India’s ‘demographic dividend’ threatens to become socially cancerous unless commensurate jobs are created in the country.
Petty distractions keep intruding but should not be allowed to usurp the national agenda. Thus the NCP-Congress spat, easily settled by setting up a coordination committee for regular consultation.
Likewise, the increasingly jaded Anna circus, back in town crudely canvassing missing crowds for new stunts such as demanding an SIT to investigate 15 top Central ministers including the prime minister and the erstwhile finance minister, now President of India, for what it claims is proven corruption. Anna at least has realised that indefinite fasting is becoming an increasingly discredited tool of political blackmail.
The new Rashtrapati struck the right note on assuming the presidency by naming poverty in all its manifestations and terror (‘the Fourth World War, after the Cold War’) as the core issues that must be confronted. He pleaded for government intervention to uplift the under-privileged and rightly asserted that trickle-down policies – read mounting subsidies, featherbedding, back to nature and neo-protectionism – are not the answer.
It is for this reason that the prime minister must ignore the clamour that he remains finance minister. Fiscal management is obviously important but any great orchestra needs a fine conductor and not just a brilliant first violinist. The crisis facing India has not been well diagnosed. Look around and what does one see?
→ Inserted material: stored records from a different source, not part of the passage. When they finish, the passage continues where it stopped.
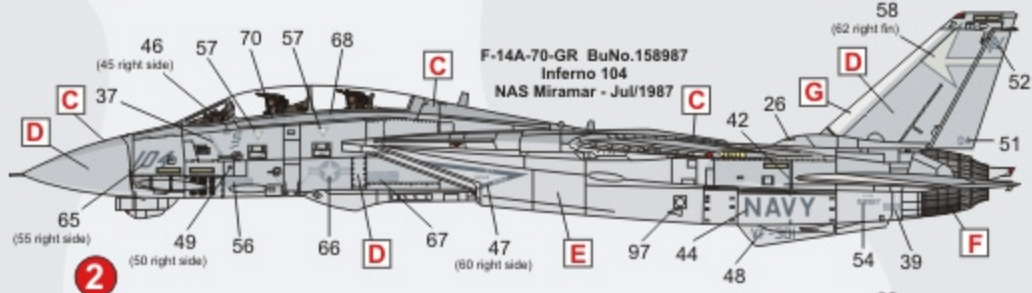

<http://www.fcm.eti.br>

Special thanks to Commander Jan C. Jacobs (USNR/Ret) for his support with photos and detailed information about VF-301. Without which this decal sheet would not have been possible.
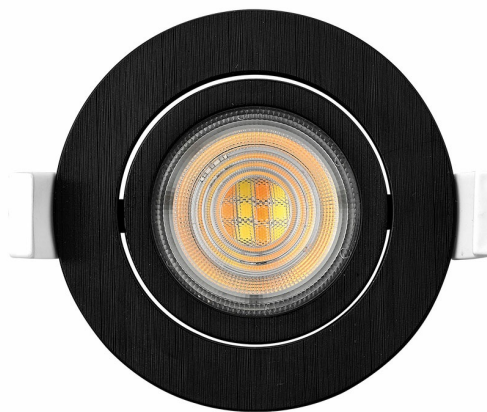

## PRODUCT DATASHEET

MODEL NO BD02-60781

DESCRIPTION BRY-SPOTLED G3-7W-RND-BLC-3IN1-DIM-LED SPOTLIGHT

### General Characteristics

Model No	:	BD02-60781
Main Family	:	Indoor Lighting
Sub Family	:	LED Spotlight
Type	:	Spotlight
Body Color	:	Black
Lamp Shape	:	Directional
Dimmable	:	Dimmable
Light Source	:	LED
Warranty	:	2 years
Class	:	Class II
IP	:	IP20

### Product Characteristics

Wattage	:	7 w
Color Temperature	:	3IN1
Quse Lumen	:	630 lm
Color Rendering Index (CRI)	:	>80
Energy Efficiency Level	:	F
Beam Angle	:	38° Degrees
Color Category	:	3IN1

### Dimensions & Weight

Diameter	:	85 mm
P. Height	:	43 mm
Cutout	:	70 mm
Weight	:	76 gr
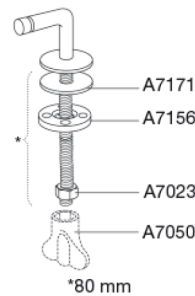

Pressalit 300 without cover 103
Toilet seat without cover incl. hinge in stainless steel

<p>Item number</p> <p>Colour</p> <p>Description</p>	<p>103000-BT8999 EAN:5708590265667</p> <p>Pressalit 300 - without cover. The toilet seat has a round and soft design and has been specially developed for the Sphinx 300.</p> <p>White</p> <p>PRESSALIT toilet seat without cover, model "Pressalit 300", art. no. 103 made of colour ingrained duroplast with BT8 fixed hinge of stainless steel.</p> <ul style="list-style-type: none"> - centre distance: 155 mm - load - ring seat 240 kg - 10 year guarantee 	
<p>Designer</p> <p>Design year</p>	<p>Frog Design</p> <p>1987</p>	
<p>Materials</p> <p>Product capacity</p>	<p>TOILET SEAT: The material is colour ingrained duroplast (UF A 10 = urea formaldehyde) that contains no environmentally hazardous substances. UF plastic comprises 67% urea formaldehyde resin, 28% cellulose, as well as 5% minerals, pigments, lubricants and moisture content. The raw material from the supplier contains up to 0.03% free formaldehyde and even less following curing.</p> <p>BUFFERS: EVA (copolymer made of ethylene and vinyl acetate).</p> <p>DAMPER KIT (only relevant for toilet seats with soft close): Hydraulic damper with stainless steel damper casing and thermoplastic parts.</p> <p>MOUNT/HINGES: Stainless steel model W. no. 1.4301/M and thermoplastic.</p> <p>Load - ring seat 240 kg</p>	
<p>Weight</p>	<p>1,449 kg</p>	
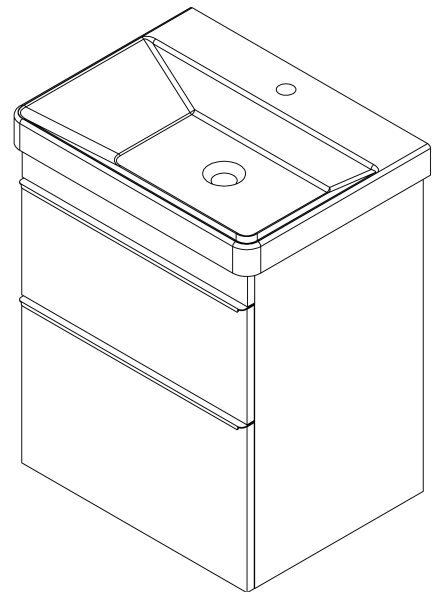

SITIA 2 Drawer Vanity Unit 56,4x70x44,2cm, silver oak

Order code: SI060-1111

Basic information

Brand: Sapho

Series: SITIA

Size

Width: 564 mm

Height: 700 mm

Depth: 441 mm

Properties

Colour: Grey

Decor: Oak silver

Colour options: According to Swatch

Material: MDF/laminate

Installation: Wall-Hung

Type of cabinet: Drawers

Type of washbasin: Washbasin

Equipment: Silent and soft closing

Package contains: Handle

Package does not contain: Washbasin

Weight / Piece: 24.1 kg

Warranty: 2 years

We recommend buy

1 Piece THALIE 60 Vanity Unit Ceramic Washbasin 60x46cm, white (Order code: TH11060)

Spare parts

Furniture Hinge CAMAR 60x28 (Order code: D-07.091.660.05)

Technical sheet

Installation of drain + hot & cold water pipes
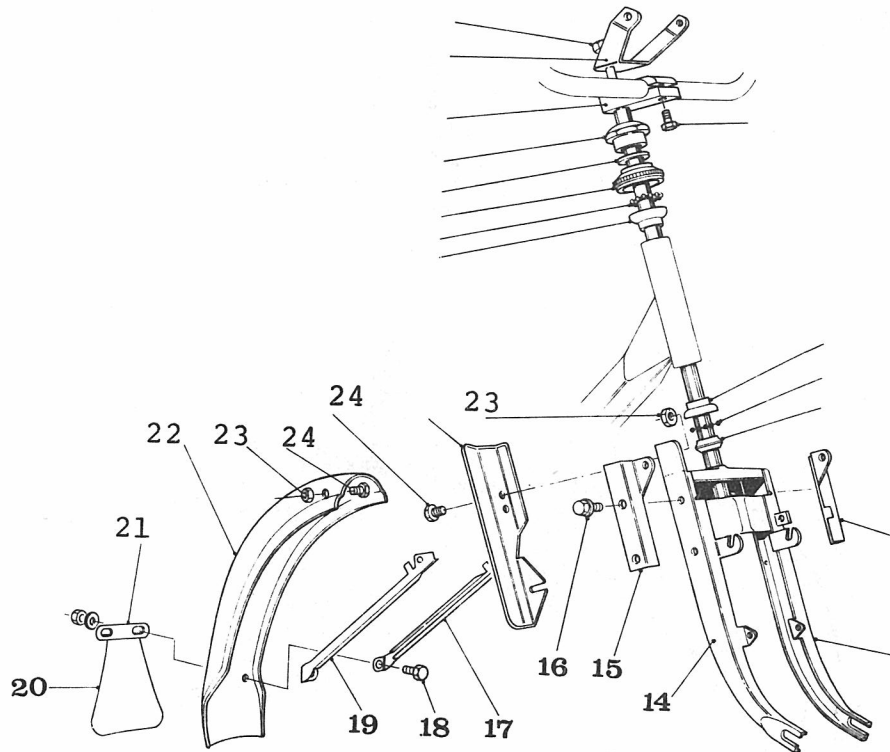

Steering and Front Fork Assembly
Fig. 8

INDEX	PART NUMBER	QTY ASSY	DESCRIPTION
14	60519	1	Front Fork Blade, RH - Black
14	60520	1	Front Fork Blade, RH - Blue
15	61321	1	Engine Crank Support Plate, Right - Orange
15	61322	1	Engine Crank Support Plate, Right - Yellow
15	61323	1	Engine Crank Support Plate, Right - Black
15	61324	1	Engine Crank Support Plate, Right - Blue
16	61209	4	Bolt
17	60532	1	Front Mudguard Support, LH - Orange
17	60533	1	Front Mudguard Support, LH - Yellow
17	60534	1	Front Mudguard Support, LH - Black
17	60536	1	Front Mudguard Support, LH - Blue
18	60418	2	Bolt
19	60526	1	Front Mudguard Support, RH - Orange
19	60527	1	Front Mudguard Support, RH - Yellow
19	60528	1	Front Mudguard Support, RH - Black
19	60530	1	Front Mudguard Support, RH - Blue
20	60448	1	Splash Guard - Black
21	61010	1	Splash Guard Clamp
22	11941-03-000	1	Front Mudguard - Orange
22	11941-04-000	1	Front Mudguard - Yellow
22	61008	1	Front Mudguard - Black
22	11941-19-000	1	Front Mudguard - Blue
23	60001	3	Nut D6 - H4
24	60056	3	Bolt

Azim Premji put it well. Manesar, to which we can now add Assam, are not merely ‘riots’ but manifestations of growing social unrest and rage from loss of direction and hope, fewer jobs from slowing growth and falling investments leading to mounting unemployment and shrinking opportunity.
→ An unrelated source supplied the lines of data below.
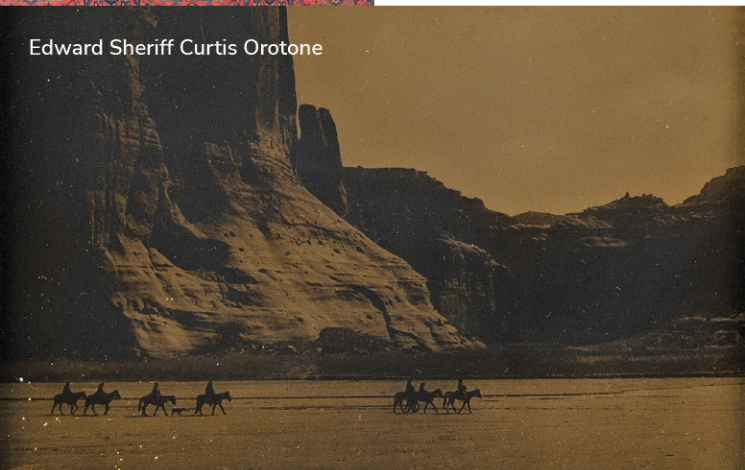

Circa 1830 Portraits

A.E. Crowell

Camden, Maine Hooked Rug

Charles Green Shaw

Hand-Carved Bicycle

Blanche Lazzell

THE SUMMER SALE

JULY 26-27, 2022 | CAPE COD

Celebrating our 75th year!

Mahal Rug

Chinese Export

1772 Sampler

Both sessions starting at 9:30 am
Preview July 25 and by appointment
Catalog available online or by mail

Edward Sheriff Curtis Orotone

Chest belonging to Gen. Benjamin Lincoln
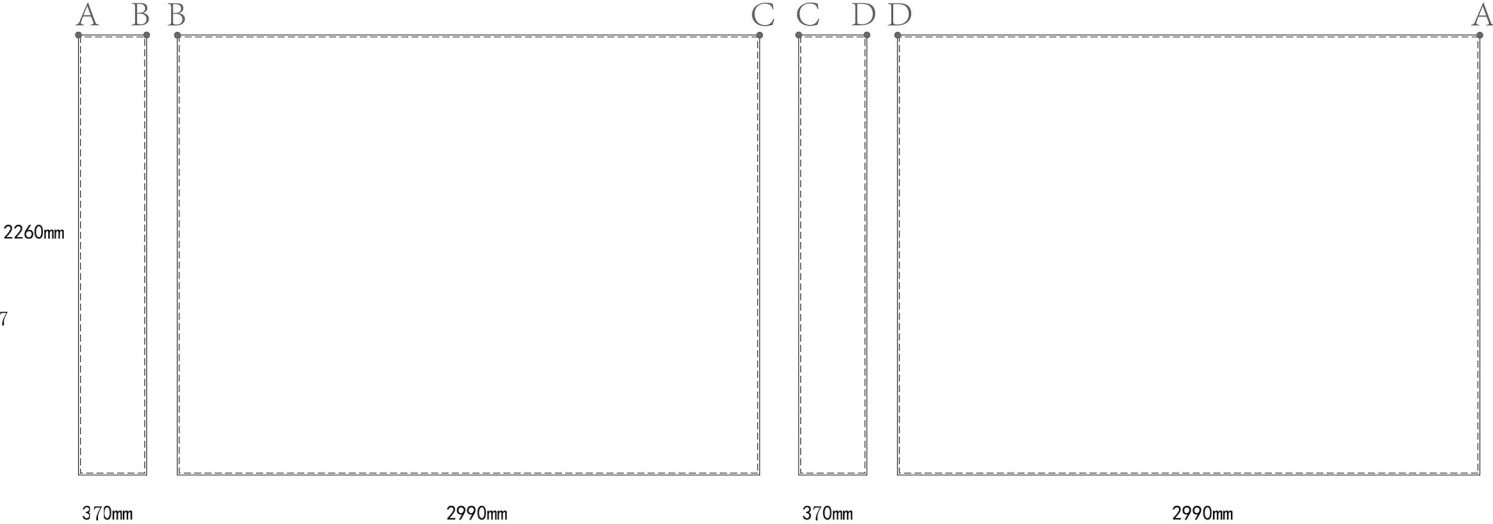

Top view

- Illustrator Notes:**
- Provide all linked files
 - Outline all text
 - All images should be 100 dpi minimum at full scale
 - Zoom in to 100% to visually check print quality
 - Provide any critical PMS colors
 - Art should be CMYK
 - Zip files together and upload
- Photoshop Notes:**
- All images should be 100 dpi minimum at full scale
 - Zoom in to 100% to visually check print quality
 - Provide any critical PMS colors
 - Art should be CMYK
 - Zip files together and upload

India’s post-1947 geography remains what it was while its demography has multiplied four-fold and is set to increase by almost two more ‘Indias’ before population stabilises at around 1,700 million. The country is urbanising as the land cannot gainfully hold swelling numbers. The ‘demographic dividend’ threatens to become socially cancerous unless commensurate jobs are created with matching infrastructure, human resource development and off-farm opportunity through manufactures and services.
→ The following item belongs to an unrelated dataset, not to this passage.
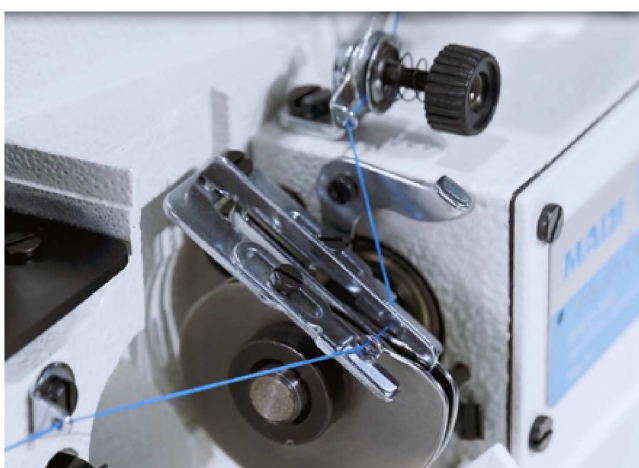

**External wire cam
light voice**

Thus Nostalgia has become the great enemy of progress. Fundamentalists of all hues want to go back in time. ‘Socialists’ tirelessly promise jam tomorrow while preventing anybody doing anything today in the name of fighting imperialism, neo-colonialism and Mammon. Many activists hug poverty as they would be out of business if the poor were to graduate to modest comfort. The environment-forest lobby does not seem to realise that poverty is the worst polluter and ameliorating the condition of the poor would itself yield an environmental bonus. Some would fight to prevent land acquisition in order to preserve farming, tribal reserves and any type of forest at the cost of manufacture, mining and infrastructure. They do the country no service by perpetuating sub-optimal economies and life styles and ignoring the huge opportunity costs of delay.
Future jobs
There is anxiety and anguish about the possibility that Maruti may shift from Manesar to Gujarat because rampaging workers and their mentors know that current and future jobs are at stake. Those opposing the Haryana and Jaitapur nuclear plants or raising the Omkareshwar reservoir level or still trying to block the Posco steel plant in Odisha are mortgaging their own future. Drought and non-development displace far more persons than planned development with proper resettlement, compensation, training and support for alternative livelihoods.
Trade-offs in time and space have simply not been considered nor bold and timely decisions taken. Time is a resource and relentlessly working against India as social explosions threaten – call them Naxalism or ethnic conflict as in Assam. In the so-called Naxal areas, the critical failure to work the 5th Schedule has simply not been understood while in the North East, Malthusian refugees from Bangladesh have put pressure on forests and livelihoods and are undermining the ethnic demography and electoral outcomes. It is these issues that need to be addressed. In both cases and across the country, accelerated development and growth with equity hold the key.
In parts of the North East like Nagaland and Arunachal, Bangladeshis are being invited to cultivate community lands that have been enclosed by new feudal lords. Old immigrants must be absorbed as naturalised citizens as they can no longer be deported while new ones must be prevented ingress by more vigilant and honest border management together with efforts to assist Bangladesh’s development.
The North East’s wealth lies in its immense water wealth -- a third of India’s total water resources and 40 per cent of its hydro-power potential – and its vast plantation, bio-diversity and tourist potential. These are not being fully exploited. Instead, there is an on-going movement against dams and water regulation which condemns Assam, the North East’s engine of growth, to low risk agriculture and annual flood ravages on which a lot of people make money.
The corporate sector must be made a partner and not treated as an enemy. It has finance, technology and management and marketing skills to contribute. True, corporates do turn robber barons in order to beat the law, which is sometimes an ass. But they can be brought around and made to play a positive role within imaginative corporate social responsibility frameworks in tandem with local communities to mutual benefit. We need to get both our priorities and diagnosis right.